* WORK INSTRUCTIONS *
Lines with the word "HOUSING" are the ones wanted. Copy each of them from the entries below.

#### RECORDS SUPPLIED ####

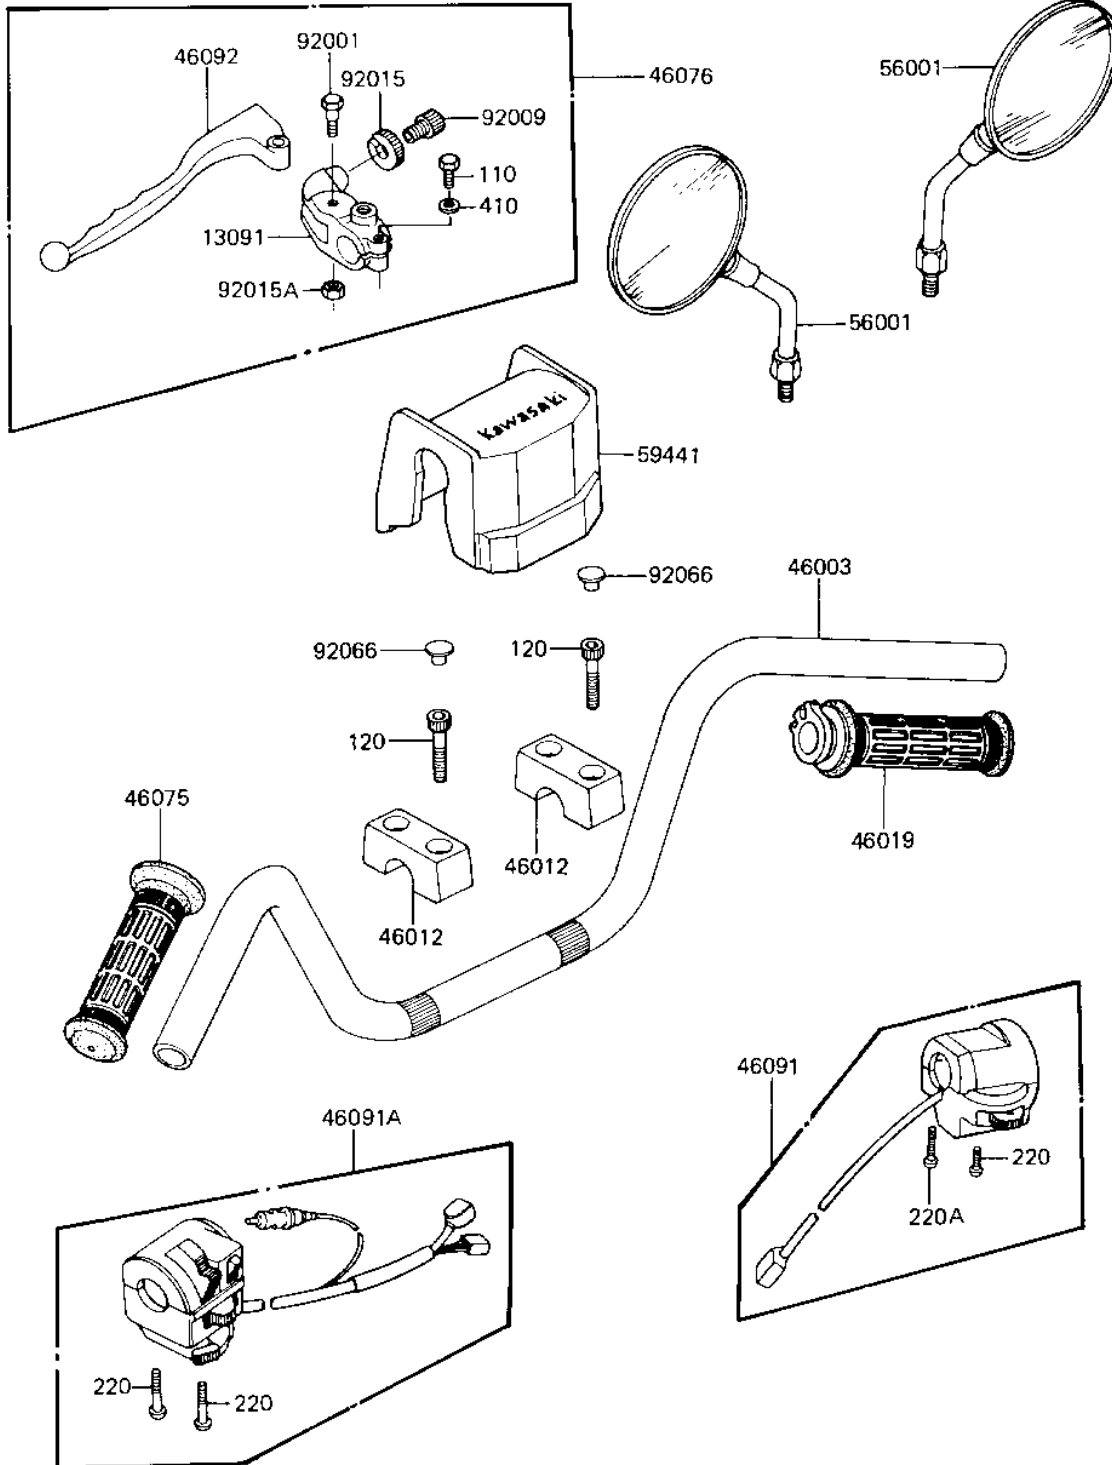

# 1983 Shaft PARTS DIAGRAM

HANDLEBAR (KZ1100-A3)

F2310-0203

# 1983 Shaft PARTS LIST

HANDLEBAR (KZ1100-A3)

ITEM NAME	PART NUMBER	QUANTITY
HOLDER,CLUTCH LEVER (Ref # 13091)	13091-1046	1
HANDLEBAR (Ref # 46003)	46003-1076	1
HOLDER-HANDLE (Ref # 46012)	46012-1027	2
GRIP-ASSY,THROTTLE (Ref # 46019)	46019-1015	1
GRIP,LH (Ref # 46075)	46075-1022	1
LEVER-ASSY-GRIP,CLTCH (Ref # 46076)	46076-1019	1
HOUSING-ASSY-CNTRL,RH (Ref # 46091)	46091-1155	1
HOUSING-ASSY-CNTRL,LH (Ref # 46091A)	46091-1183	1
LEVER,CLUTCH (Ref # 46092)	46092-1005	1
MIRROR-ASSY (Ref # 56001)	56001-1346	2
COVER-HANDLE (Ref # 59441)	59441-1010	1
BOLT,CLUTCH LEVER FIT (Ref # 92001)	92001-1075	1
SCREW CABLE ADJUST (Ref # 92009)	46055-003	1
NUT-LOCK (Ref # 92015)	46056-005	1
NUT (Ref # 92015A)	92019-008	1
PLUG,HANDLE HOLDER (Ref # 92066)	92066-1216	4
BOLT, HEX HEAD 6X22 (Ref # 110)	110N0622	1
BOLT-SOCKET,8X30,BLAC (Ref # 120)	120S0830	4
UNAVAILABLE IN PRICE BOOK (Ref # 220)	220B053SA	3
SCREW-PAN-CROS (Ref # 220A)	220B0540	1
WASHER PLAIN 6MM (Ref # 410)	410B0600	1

####

* ANSWER TO THIS EXERCISE *
HOUSING-ASSY-CNTRL,RH (Ref # 46091)	46091-1155	1
HOUSING-ASSY-CNTRL,LH (Ref # 46091A)	46091-1183	1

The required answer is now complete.